* **What you need to do**
Set every record down verbatim and omit the pictures.

START Data extracts

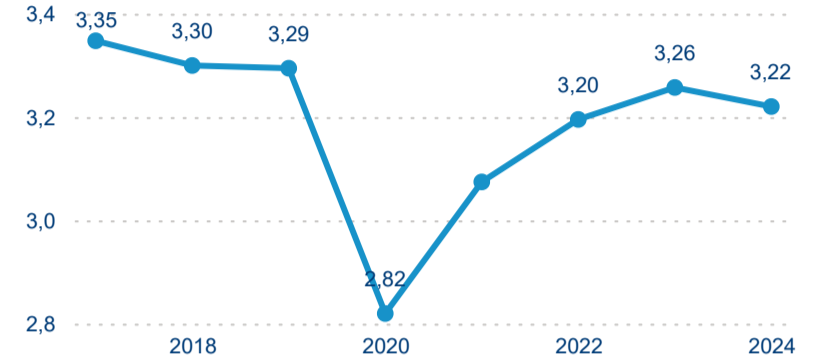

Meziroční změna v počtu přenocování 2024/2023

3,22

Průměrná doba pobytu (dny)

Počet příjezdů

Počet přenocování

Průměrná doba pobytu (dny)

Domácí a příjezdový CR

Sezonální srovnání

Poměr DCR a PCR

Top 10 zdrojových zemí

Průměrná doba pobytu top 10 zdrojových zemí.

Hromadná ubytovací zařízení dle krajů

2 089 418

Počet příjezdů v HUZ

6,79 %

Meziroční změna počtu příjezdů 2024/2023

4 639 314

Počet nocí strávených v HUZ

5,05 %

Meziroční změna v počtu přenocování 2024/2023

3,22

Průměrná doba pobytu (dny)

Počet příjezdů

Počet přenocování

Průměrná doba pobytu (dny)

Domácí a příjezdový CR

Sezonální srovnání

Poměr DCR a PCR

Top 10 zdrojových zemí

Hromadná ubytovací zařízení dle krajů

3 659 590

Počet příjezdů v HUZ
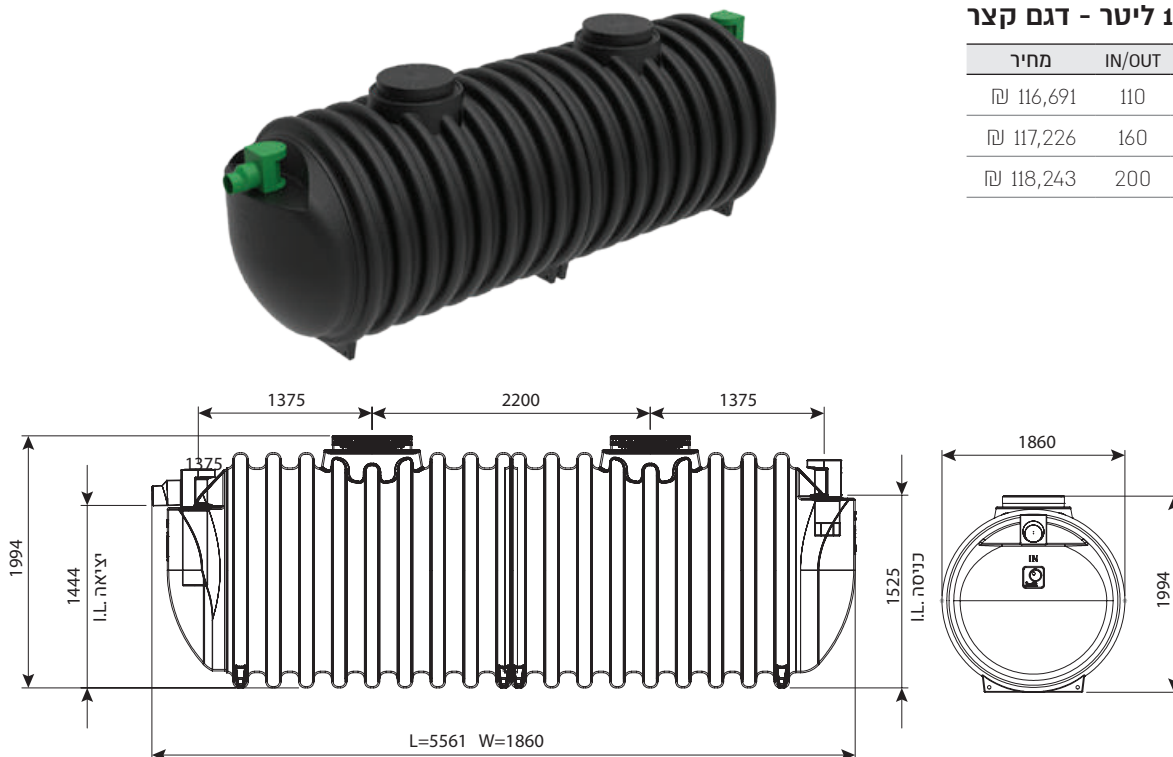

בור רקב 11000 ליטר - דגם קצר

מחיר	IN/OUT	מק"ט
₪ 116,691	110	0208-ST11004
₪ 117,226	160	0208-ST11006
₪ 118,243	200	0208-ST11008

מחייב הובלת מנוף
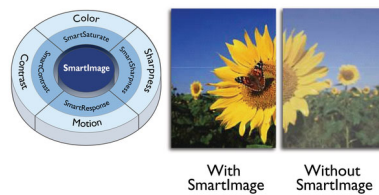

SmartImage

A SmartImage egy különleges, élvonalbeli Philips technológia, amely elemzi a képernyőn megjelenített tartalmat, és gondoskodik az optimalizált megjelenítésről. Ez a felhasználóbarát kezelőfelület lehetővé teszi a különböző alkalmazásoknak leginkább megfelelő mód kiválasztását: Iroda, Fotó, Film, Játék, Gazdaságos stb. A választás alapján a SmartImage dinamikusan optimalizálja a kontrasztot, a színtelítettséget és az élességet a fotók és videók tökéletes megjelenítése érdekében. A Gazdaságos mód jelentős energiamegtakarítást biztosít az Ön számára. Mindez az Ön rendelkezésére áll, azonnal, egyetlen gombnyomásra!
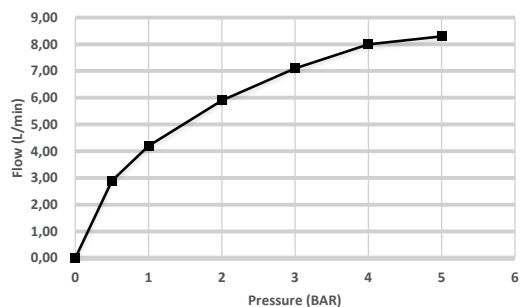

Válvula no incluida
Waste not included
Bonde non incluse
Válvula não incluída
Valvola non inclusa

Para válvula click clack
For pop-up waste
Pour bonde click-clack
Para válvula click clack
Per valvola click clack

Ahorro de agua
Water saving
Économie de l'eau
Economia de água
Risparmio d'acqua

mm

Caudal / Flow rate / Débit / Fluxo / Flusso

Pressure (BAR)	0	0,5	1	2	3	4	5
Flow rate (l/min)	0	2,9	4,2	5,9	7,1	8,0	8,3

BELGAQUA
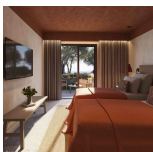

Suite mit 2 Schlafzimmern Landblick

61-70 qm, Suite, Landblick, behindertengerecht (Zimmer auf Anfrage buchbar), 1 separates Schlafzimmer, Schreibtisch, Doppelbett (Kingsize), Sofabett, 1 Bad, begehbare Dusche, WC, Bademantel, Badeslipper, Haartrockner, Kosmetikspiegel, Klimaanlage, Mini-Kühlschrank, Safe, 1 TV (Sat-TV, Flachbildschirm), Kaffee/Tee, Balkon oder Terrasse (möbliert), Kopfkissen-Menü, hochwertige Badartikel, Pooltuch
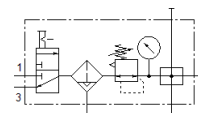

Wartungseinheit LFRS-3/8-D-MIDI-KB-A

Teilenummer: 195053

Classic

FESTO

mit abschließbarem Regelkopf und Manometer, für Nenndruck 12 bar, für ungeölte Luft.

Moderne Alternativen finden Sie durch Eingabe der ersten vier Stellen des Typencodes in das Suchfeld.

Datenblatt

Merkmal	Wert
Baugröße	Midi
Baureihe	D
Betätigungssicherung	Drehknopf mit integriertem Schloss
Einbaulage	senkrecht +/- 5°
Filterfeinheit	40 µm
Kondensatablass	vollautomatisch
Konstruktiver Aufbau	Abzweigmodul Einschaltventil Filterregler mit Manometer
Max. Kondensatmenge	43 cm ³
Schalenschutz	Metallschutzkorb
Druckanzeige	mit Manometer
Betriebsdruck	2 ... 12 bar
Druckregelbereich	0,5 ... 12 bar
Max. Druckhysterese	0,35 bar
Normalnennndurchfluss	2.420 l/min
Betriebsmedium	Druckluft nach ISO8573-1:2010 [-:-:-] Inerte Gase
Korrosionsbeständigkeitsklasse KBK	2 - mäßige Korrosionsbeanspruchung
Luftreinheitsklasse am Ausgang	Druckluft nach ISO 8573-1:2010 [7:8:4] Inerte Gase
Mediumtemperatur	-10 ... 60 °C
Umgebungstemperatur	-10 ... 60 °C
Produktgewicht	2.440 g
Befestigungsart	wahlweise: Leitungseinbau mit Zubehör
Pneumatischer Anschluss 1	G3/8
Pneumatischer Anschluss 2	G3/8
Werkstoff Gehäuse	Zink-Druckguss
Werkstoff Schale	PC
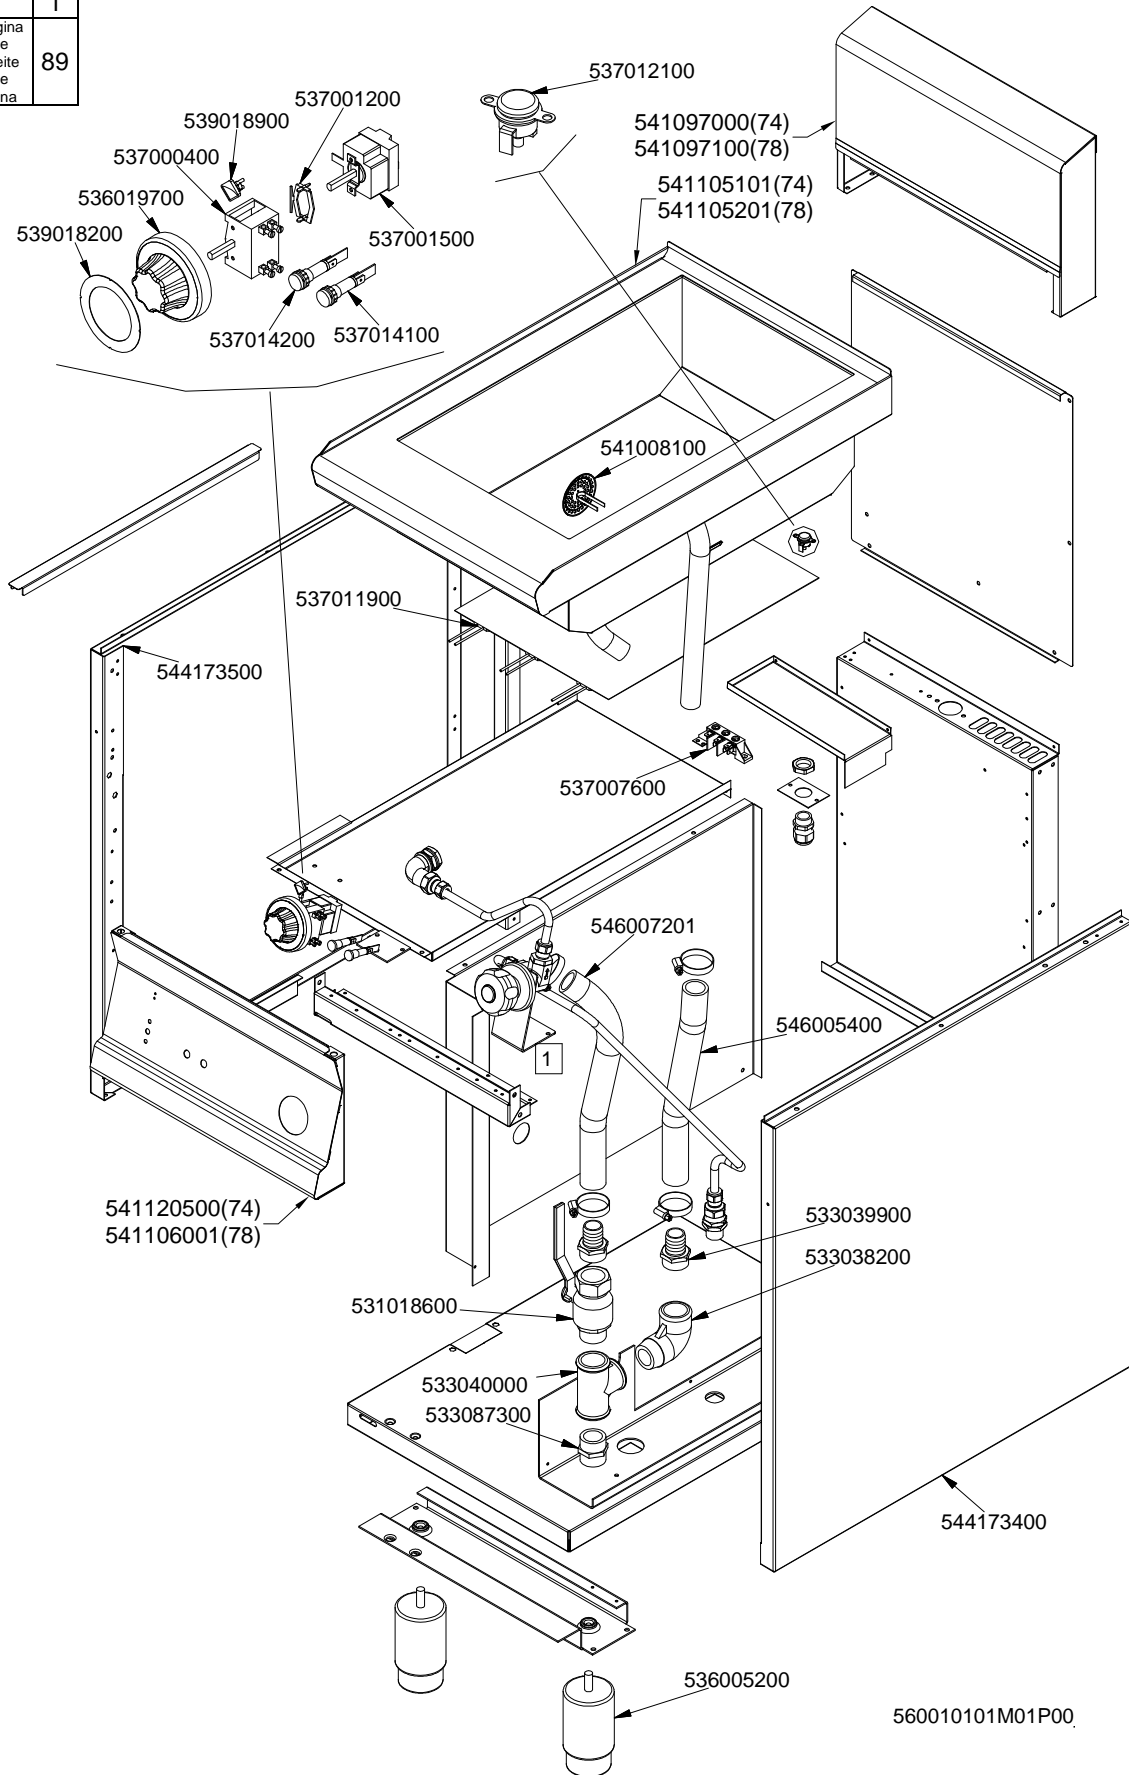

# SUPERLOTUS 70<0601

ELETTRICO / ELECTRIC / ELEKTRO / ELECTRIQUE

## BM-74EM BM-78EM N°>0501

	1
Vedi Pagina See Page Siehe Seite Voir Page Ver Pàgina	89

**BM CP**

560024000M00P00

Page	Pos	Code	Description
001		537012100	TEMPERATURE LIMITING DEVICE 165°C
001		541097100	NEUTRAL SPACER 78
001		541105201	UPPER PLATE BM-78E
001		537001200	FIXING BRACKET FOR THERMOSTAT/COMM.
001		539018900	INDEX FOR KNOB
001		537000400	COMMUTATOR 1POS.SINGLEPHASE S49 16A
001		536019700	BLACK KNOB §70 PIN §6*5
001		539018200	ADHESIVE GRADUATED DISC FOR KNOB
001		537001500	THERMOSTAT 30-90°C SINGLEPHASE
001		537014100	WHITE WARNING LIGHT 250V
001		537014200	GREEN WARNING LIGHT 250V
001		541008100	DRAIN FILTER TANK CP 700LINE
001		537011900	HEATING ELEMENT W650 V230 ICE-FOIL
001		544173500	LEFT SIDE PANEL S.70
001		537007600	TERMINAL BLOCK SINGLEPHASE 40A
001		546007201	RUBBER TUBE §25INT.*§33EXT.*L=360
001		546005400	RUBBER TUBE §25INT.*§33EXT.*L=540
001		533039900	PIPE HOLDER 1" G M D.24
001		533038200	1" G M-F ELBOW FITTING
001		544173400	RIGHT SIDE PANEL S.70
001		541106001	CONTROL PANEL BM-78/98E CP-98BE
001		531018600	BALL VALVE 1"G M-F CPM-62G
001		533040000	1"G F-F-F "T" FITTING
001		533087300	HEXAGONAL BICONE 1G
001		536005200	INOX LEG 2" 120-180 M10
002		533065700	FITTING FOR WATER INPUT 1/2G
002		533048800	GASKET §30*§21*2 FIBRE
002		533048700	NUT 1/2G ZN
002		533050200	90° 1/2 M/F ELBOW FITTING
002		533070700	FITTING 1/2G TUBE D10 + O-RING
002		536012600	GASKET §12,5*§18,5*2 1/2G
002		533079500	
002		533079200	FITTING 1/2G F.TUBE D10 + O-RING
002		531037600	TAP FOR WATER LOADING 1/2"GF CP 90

END Data extracts

* **Answer space**
Meziroční změna v počtu přenocování 2024/2023

3,22

Průměrná doba pobytu (dny)

Počet příjezdů

Počet přenocování

Průměrná doba pobytu (dny)

Domácí a příjezdový CR

Sezonální srovnání

Poměr DCR a PCR

Top 10 zdrojových zemí

Průměrná doba pobytu top 10 zdrojových zemí.

Hromadná ubytovací zařízení dle krajů

2 089 418

Počet příjezdů v HUZ

6,79 %

Meziroční změna počtu příjezdů 2024/2023

4 639 314

Počet nocí strávených v HUZ

5,05 %

Meziroční změna v počtu přenocování 2024/2023

3,22

Průměrná doba pobytu (dny)

Počet příjezdů

Počet přenocování

Průměrná doba pobytu (dny)

Domácí a příjezdový CR

Sezonální srovnání

Poměr DCR a PCR

Top 10 zdrojových zemí

Hromadná ubytovací zařízení dle krajů

3 659 590

Počet příjezdů v HUZ

בור רקב 11000 ליטר - דגם קצר

מחיר	IN/OUT	מק"ט
₪ 116,691	110	0208-ST11004
₪ 117,226	160	0208-ST11006
₪ 118,243	200	0208-ST11008

מחייב הובלת מנוף

SmartImage

A SmartImage egy különleges, élvonalbeli Philips technológia, amely elemzi a képernyőn megjelenített tartalmat, és gondoskodik az optimalizált megjelenítésről. Ez a felhasználóbarát kezelőfelület lehetővé teszi a különböző alkalmazásoknak leginkább megfelelő mód kiválasztását: Iroda, Fotó, Film, Játék, Gazdaságos stb. A választás alapján a SmartImage dinamikusan optimalizálja a kontrasztot, a színtelítettséget és az élességet a fotók és videók tökéletes megjelenítése érdekében. A Gazdaságos mód jelentős energiamegtakarítást biztosít az Ön számára. Mindez az Ön rendelkezésére áll, azonnal, egyetlen gombnyomásra!

Válvula no incluida
Waste not included
Bonde non incluse
Válvula não incluída
Valvola non inclusa

Para válvula click clack
For pop-up waste
Pour bonde click-clack
Para válvula click clack
Per valvola click clack

Ahorro de agua
Water saving
Économie de l'eau
Economia de água
Risparmio d'acqua

mm

Caudal / Flow rate / Débit / Fluxo / Flusso

Pressure (BAR)	0	0,5	1	2	3	4	5
Flow rate (l/min)	0	2,9	4,2	5,9	7,1	8,0	8,3

BELGAQUA

Suite mit 2 Schlafzimmern Landblick

61-70 qm, Suite, Landblick, behindertengerecht (Zimmer auf Anfrage buchbar), 1 separates Schlafzimmer, Schreibtisch, Doppelbett (Kingsize), Sofabett, 1 Bad, begehbare Dusche, WC, Bademantel, Badeslipper, Haartrockner, Kosmetikspiegel, Klimaanlage, Mini-Kühlschrank, Safe, 1 TV (Sat-TV, Flachbildschirm), Kaffee/Tee, Balkon oder Terrasse (möbliert), Kopfkissen-Menü, hochwertige Badartikel, Pooltuch

Wartungseinheit LFRS-3/8-D-MIDI-KB-A

Teilenummer: 195053

Classic

FESTO

mit abschließbarem Regelkopf und Manometer, für Nenndruck 12 bar, für ungeölte Luft.

Moderne Alternativen finden Sie durch Eingabe der ersten vier Stellen des Typencodes in das Suchfeld.

Datenblatt

Merkmal	Wert
Baugröße	Midi
Baureihe	D
Betätigungssicherung	Drehknopf mit integriertem Schloss
Einbaulage	senkrecht +/- 5°
Filterfeinheit	40 µm
Kondensatablass	vollautomatisch
Konstruktiver Aufbau	Abzweigmodul Einschaltventil Filterregler mit Manometer
Max. Kondensatmenge	43 cm ³
Schalenschutz	Metallschutzkorb
Druckanzeige	mit Manometer
Betriebsdruck	2 ... 12 bar
Druckregelbereich	0,5 ... 12 bar
Max. Druckhysterese	0,35 bar
Normalnennndurchfluss	2.420 l/min
Betriebsmedium	Druckluft nach ISO8573-1:2010 [-:-:-] Inerte Gase
Korrosionsbeständigkeitsklasse KBK	2 - mäßige Korrosionsbeanspruchung
Luftreinheitsklasse am Ausgang	Druckluft nach ISO 8573-1:2010 [7:8:4] Inerte Gase
Mediumtemperatur	-10 ... 60 °C
Umgebungstemperatur	-10 ... 60 °C
Produktgewicht	2.440 g
Befestigungsart	wahlweise: Leitungseinbau mit Zubehör
Pneumatischer Anschluss 1	G3/8
Pneumatischer Anschluss 2	G3/8
Werkstoff Gehäuse	Zink-Druckguss
Werkstoff Schale	PC

# SUPERLOTUS 70<0601

ELETTRICO / ELECTRIC / ELEKTRO / ELECTRIQUE

## BM-74EM BM-78EM N°>0501

	1
Vedi Pagina See Page Siehe Seite Voir Page Ver Pàgina	89

**BM CP**

560024000M00P00

Page	Pos	Code	Description
001		537012100	TEMPERATURE LIMITING DEVICE 165°C
001		541097100	NEUTRAL SPACER 78
001		541105201	UPPER PLATE BM-78E
001		537001200	FIXING BRACKET FOR THERMOSTAT/COMM.
001		539018900	INDEX FOR KNOB
001		537000400	COMMUTATOR 1POS.SINGLEPHASE S49 16A
001		536019700	BLACK KNOB §70 PIN §6*5
001		539018200	ADHESIVE GRADUATED DISC FOR KNOB
001		537001500	THERMOSTAT 30-90°C SINGLEPHASE
001		537014100	WHITE WARNING LIGHT 250V
001		537014200	GREEN WARNING LIGHT 250V
001		541008100	DRAIN FILTER TANK CP 700LINE
001		537011900	HEATING ELEMENT W650 V230 ICE-FOIL
001		544173500	LEFT SIDE PANEL S.70
001		537007600	TERMINAL BLOCK SINGLEPHASE 40A
001		546007201	RUBBER TUBE §25INT.*§33EXT.*L=360
001		546005400	RUBBER TUBE §25INT.*§33EXT.*L=540
001		533039900	PIPE HOLDER 1" G M D.24
001		533038200	1" G M-F ELBOW FITTING
001		544173400	RIGHT SIDE PANEL S.70
001		541106001	CONTROL PANEL BM-78/98E CP-98BE
001		531018600	BALL VALVE 1"G M-F CPM-62G
001		533040000	1"G F-F-F "T" FITTING
001		533087300	HEXAGONAL BICONE 1G
001		536005200	INOX LEG 2" 120-180 M10
002		533065700	FITTING FOR WATER INPUT 1/2G
002		533048800	GASKET §30*§21*2 FIBRE
002		533048700	NUT 1/2G ZN
002		533050200	90° 1/2 M/F ELBOW FITTING
002		533070700	FITTING 1/2G TUBE D10 + O-RING
002		536012600	GASKET §12,5*§18,5*2 1/2G
002		533079500	
002		533079200	FITTING 1/2G F.TUBE D10 + O-RING
002		531037600	TAP FOR WATER LOADING 1/2"GF CP 90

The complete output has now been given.